Fairly low in fat, they provide few calories, but contain Omega 3.

Mussels can sometimes trigger an allergic reaction. 

Many mussel species exist, but the most common are:

. common mussel (Mytilus edulis), also known as the blue mussel, edible mussel, bouchot mussel, mussel from Brittany, mussel from Holland, and Atlantic mussel

It lives in the western Atlantic, the English Channel, the North Sea, the Baltic, and the Mediterranean. It is usually 1–10 cm long. The bluish-black shell, which is sometimes brown, is rough, and covered with very fine lines. This is the most commonly grown mussel everywhere.

. Mediterranean mussel, or Provence mussel, or Spanish mussel (Mytilus galloprovincialis)

It lives mainly in the Mediterranean but is found in other seas. Its shell is larger and more rounded.

. California mussel (Mytilus californianus)        

It lives from Alaska to southern California and can grow up to 25 cm.

. Pacific mussel (Mytilus trossulus)

It is similar to the common mussel, but has a thinner and more fragile shell.

. Asian green mussel (Perna viridis)

It is native to seas in Asia and was introduced into the waters of North America and South America. Its light green shell turns browner and browner as it grows. It is usually 8–10 cm long.

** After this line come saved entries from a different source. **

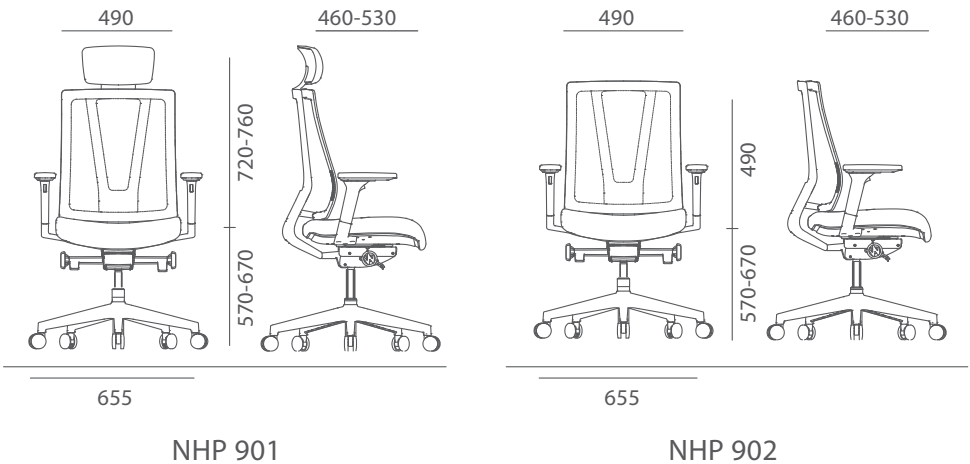

# GAVA

Highly functional Gava ergonomic chair helps to escalate working efficiency by providing comfortable and healthy atmosphere. Uplifting backrest mechanism enables precise support by increasing and decreasing degree of curve in the lumbar. Gava flexible backrest feature fits every sitting movement and promotes correct posture. Weight balanced synchro mechanism with tension adjustment supports accurate tension requirement.

# Specification

Type	High & Medium Back Task Chair
Head-Rest	Height Adjustable
Back-Rest	Breathable Polyester Mesh Unique 3 level Adjustable Lifting Back Rest
Arm-Rest	Adjustable PP
Lumbar	Smart Lumbat Fit System
Seat	Sliding Seat
Mechanism	Synchronized Mechanism
Chair Base	Nylon

# Size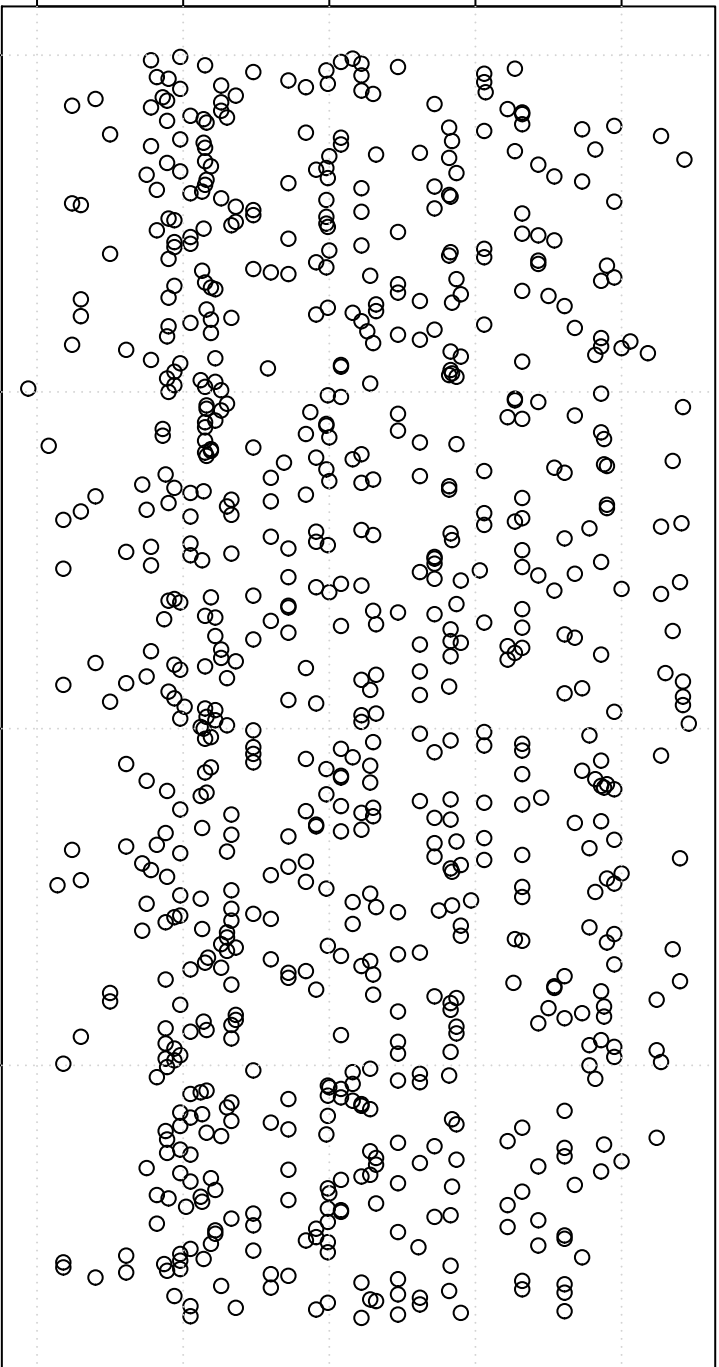

simulated values

15.5 16.0 16.5 17.0 17.5

0

200

400

600

Index

Simulation of Median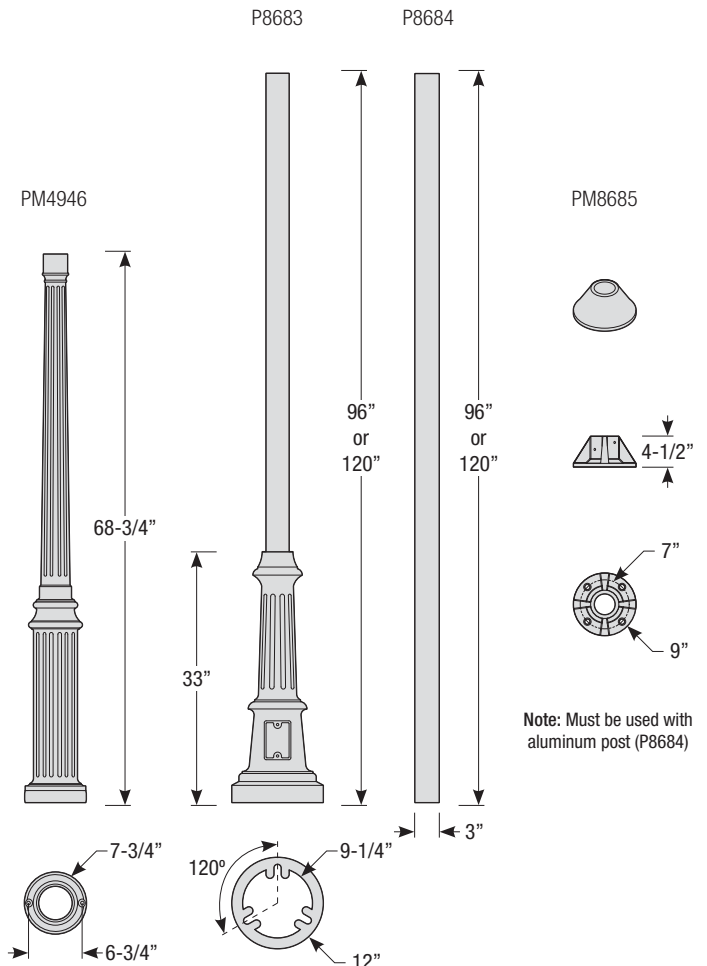

1. Post mount only

Post Type Order Matrix (Example: P8683-96PNA)

Post Type	Finish
PM4946 (Cast Aluminum Post)	ABL (Aegean Blue)
P8683-96 (Cast Aluminum Base w/ 96" Aluminum Post)	BB (Burnished Bronze)
P8683-120 (Cast Aluminum Base w/ 120" Aluminum Post)	BK (Gloss Black)
P8684-96 (96" Straight Aluminum Post)	BLU (Blue)
P8684-120 (120" Straight Aluminum Post)	DVG (Dove Gray)
PM8685 (Cast Aluminum Pier Mount - must be used with straight aluminum post, P8684)	FLG (Flannel Gray)
	GA (Galvanized)
	LG (Lime Green)
	MB (Matte Black)
	MBL (Midnight Blue)
	PNA (Painted Natural Aluminum)
	PNC (Painted Natural Copper)
	RD (Red)
	SGR (Sage Green)
	SGW (Semi Gloss White)
	SND (Sand)
	SS (Satin Silver)
	TBZ (Textured Bronze)
	TGP (Textured Graphite)
	TNG (Tangerine)
	TTL (Tahitian Teal)
	WT (Gloss White)
	YEL (Yellow)

Standard Finishes

	ABL (Aegean Blue)		RD (Red)
	BB (Burnished Bronze)		SGR (Sage Green)
	BK (Gloss Black)		SGW (Semi Gloss White)
	BLU (Blue)		SND (Sand)
	DVG (Dove Gray)		SS (Satin Silver)
	FLG (Flannel Gray)		TBZ (Textured Bronze)
	LG (Lime Green)		TGP (Textured Graphite)
	MB (Matte Black)		TNG (Tangerine)
	MBL (Midnight Blue)		TTL (Tahitian Teal)
	PNA (Painted Natural Aluminum)		WT (Gloss White)
	PNC (Painted Natural Copper)		YEL (Yellow)

Specialty Finishes

	GA (Galvanized)

Spec-00019 Revised 08/11/2020

14508 Nelson Ave. City of Industry, CA 91744 • tel: 626.336.4511 • fax: 626.330.4266 • www.TroyRLM.com
©2020 Troy-RLM Lighting, A Division of Troy-CSL Lighting, Inc. All rights reserved. Subject to change without notice.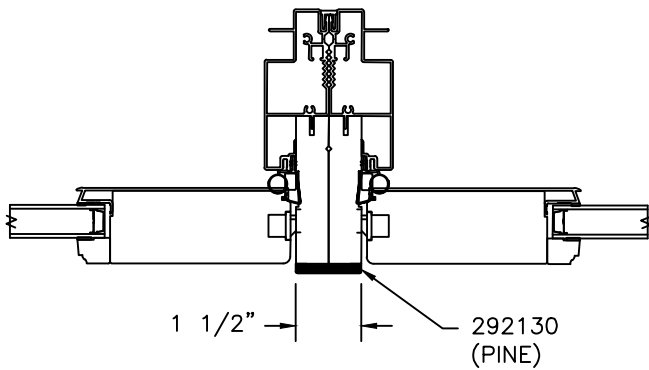

Mull Cover Reference Sheet

Horizontal		Mull Cover Size	Part Number:			Drawing Reference Number
			Pine	Alder	Fir	
<i>Top</i>	<i>Bottom</i>					
Low Profile Direct Set (Radius)	Casement	1 1/2	292130	292130-A	292130-F	DETAIL "A"
Direct Set	Casement	2 1/2	291000	291000-A	291000-F	DETAIL "B"
Low Profile Direct Set (Radius)	Direct Set	1 1/2	292130	292130-A	292130-F	DETAIL "C"
Low Profile Direct Set (Radius)	Double Hung	1 1/2	292130	292130-A	292130-F	DETAIL "D"
Double Hung Transom	Double Hung	1 1/2	292130	292130-A	292130-F	DETAIL "E"
Low Profile Direct Set (Radius)	In-Swing Door	1 1/2	292130	292130-A	292130-F	DETAIL "F"
Low Profile Direct Set (Radius)	Out-swing Door	1 1/2	292130	292130-A	292130-F	DETAIL "G"
Low Profile Direct Set (Radius)	Sliding Patio Door	1 1/2	292130	292130-A	292130-F	DETAIL "H"
Direct Set	In-Swing Door	1 1/2	292130	292130-A	292130-F	DETAIL "I"
Direct Set	Out-Swing Door	1 1/2	292130	292130-A	292130-F	DETAIL "J"
Direct Set	Sliding Patio Door	1 1/2	292130	292130-A	292130-F	DETAIL "K"

Vertical		Mull Cover Size	Part Number:			Drawing Reference Number
			Pine	Alder	Fir	
<i>Left</i>	<i>Right</i>					
Casement	Casement Picture	2 1/2	291000	291000-A	291000-F	DETAIL "L"
Double Hung	Double Hung Picture	1 1/2	292130	292130-A	292130-F	DETAIL "M"
Low Profile Direct Set (Radius)	Low Profile Direct Set (Radius)	1 1/2	292130	292130-A	292130-F	DETAIL "N"
In-Swing Door	In-Swing Door	1 1/2	292130	292130-A	292130-F	DETAIL "O"
Out-Swing Door	Out-Swing Door	1 1/2	292130	292130-A	292130-F	DETAIL "P"
Sliding Patio Door	Sliding Patio Door	1 1/2	292130	292130-A	292130-F	DETAIL "Q"

DOUBLE HUNG - DOUBLE HUNG PIC.

DETAIL "M"

LOW PROFILE DIRECT SET - LOW PROFILE DIRECT SET (RADIUS)

DETAIL "N"

IN-SWING PATIO DOOR - IN-SWING PATIO DOOR

DETAIL "O"

OUT-SWING PATIO DOOR - OUT-SWING PATIO DOOR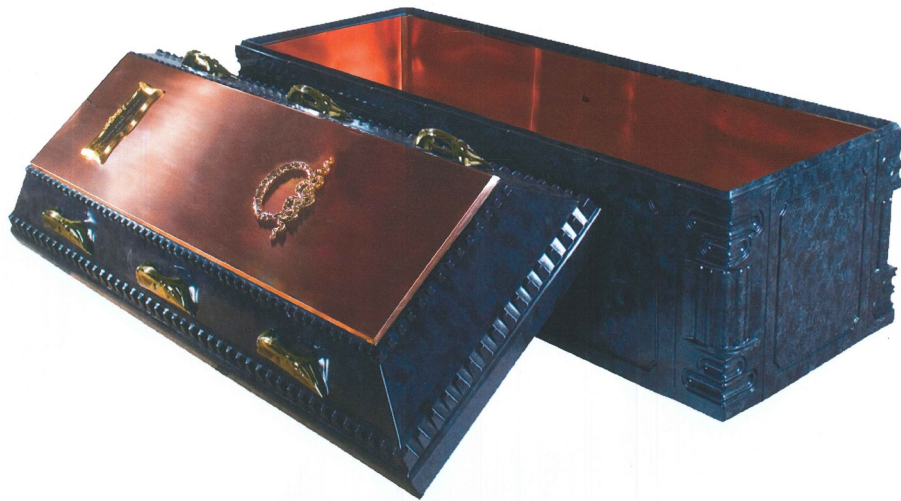

Prices Listed Are Effective As Of March 28, 2026

Elite Bronze Burial Vault

(Available in White or Black)

- Extra Heavy Concrete
- Metal Reinforcement
- Polymer Liner Reinforcement

\$8,295

Elite Copper Burial Vault

(Available in White or Black)

- Extra Heavy Concrete
- Metal Reinforcement
- Polymer Liner Reinforcement

\$7,595

Elite Stainless Burial Vault

(Available in White or Black)

- Extra Heavy Concrete
- Metal Reinforcement
- Polymer Liner Reinforcement

Mussels are also classified according to farming method and origin:

. on bouchots, which are pilings planted at sea. This method is specific to France and its Atlantic coast. These produce smaller mussels, which are harvested from May through January.

. on ropes suspended vertically in the water from rafts or stretched between trays: this is the most frequent method used for mussels in the Mediterranean, such as those from Spain, and, in France, from Bouzigues.

. in plots that were originally natural, but which are regularly stocked up: in Europe, these are the mussels from Holland, which are mainly harvested in winter.

Wild mussels are also found everywhere in the world. In many countries, including France, their capture is regulated, or even prohibited, because of health risks.